(Stored entries)
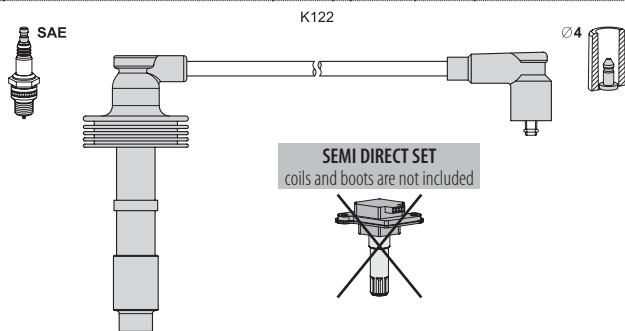

T382B K122 30 30 + + -

Volvo S40 I (VS) 1.6	03.99 - 12.03	80	B 4164 S2
1.8	07.95 - 08.99	85	B 4184 S3/B 4184 S
1.8	03.99 - 12.03	90	B 4184 S2/B 4184 S9
1.9T4	05.97 - 07.00	147	B 4194 T/B 4194 T2
2.0	07.95 - 12.03	100	B 4204 S2/B 4204 S
2.0T	10.97 - 07.00	118	B 4204 T
2.0T	06.01 - 12.03	120	B 4204 T3
2.0T4	07.00 - 12.03	147	B 4204 T5
V40 Combi (VW) 1.6	03.99 - 06.04	80	B 4164 S2
1.8	07.95 - 08.99	85	B 4184 S3/B 4184 S
1.8	03.99 - 06.04	90	B 4184 S2/B 4184 S9
1.9T4	05.97 - 07.00	147	B 4194 T
2.0	07.95 - 06.04	100	B 4204 S
2.0T	10.97 - 07.00	118	B 4204 T
2.0T	06.01 - 06.04	120	B 4204 T3
2.0T	07.99 - 06.01	121	B 4204 T2
2.0T4	07.00 - 06.04	147	B 4204 T5
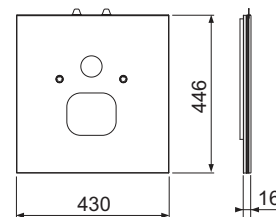

TECElux – Plăci de sticlă

Placă frontală inferioară din sticlă TECElux pentru TECEone

Placă frontală inferioară de sticlă pentru combinația cu vasul WC TECEone cu funcție de bideu, incluzând un set de izolare fonică și furtunuri ranforsate pentru conexiune la apă caldă și rece la robinetei colțar convenționali.

Dimensiunile (Î x L x A): 446 x 430 x 16 mm

Notă:

Pentru utilizarea în combinație cu robinetei colțar montați la locație.

Culoare	Mostre de expunere	Cod	UL 1	UL 2	€/buc.
Sticlă albă	—	9650109	1 buc.	20 buc.	199
Sticlă neagră	—	9650110	1 buc.	20 buc.	164

Placă frontală inferioară din sticlă TECElux pentru vas de toaletă standard

Placă frontală inferioară de sticlă pentru combinația cu vas WC standard, cu distanța de montaj de 180 mm, incl. set de izolare fonică.

Dimensiunile (Î x L x A): 446 x 430 x 16 mm

Exercise requirements: The required output is every line above that contains the string "colțar".

Answer to this problem:
Placă frontală inferioară de sticlă pentru combinația cu vasul WC TECEone cu funcție de bideu, incluzând un set de izolare fonică și furtunuri ranforsate pentru conexiune la apă caldă și rece la robinetei colțar convenționali.
Pentru utilizarea în combinație cu robinetei colțar montați la locație.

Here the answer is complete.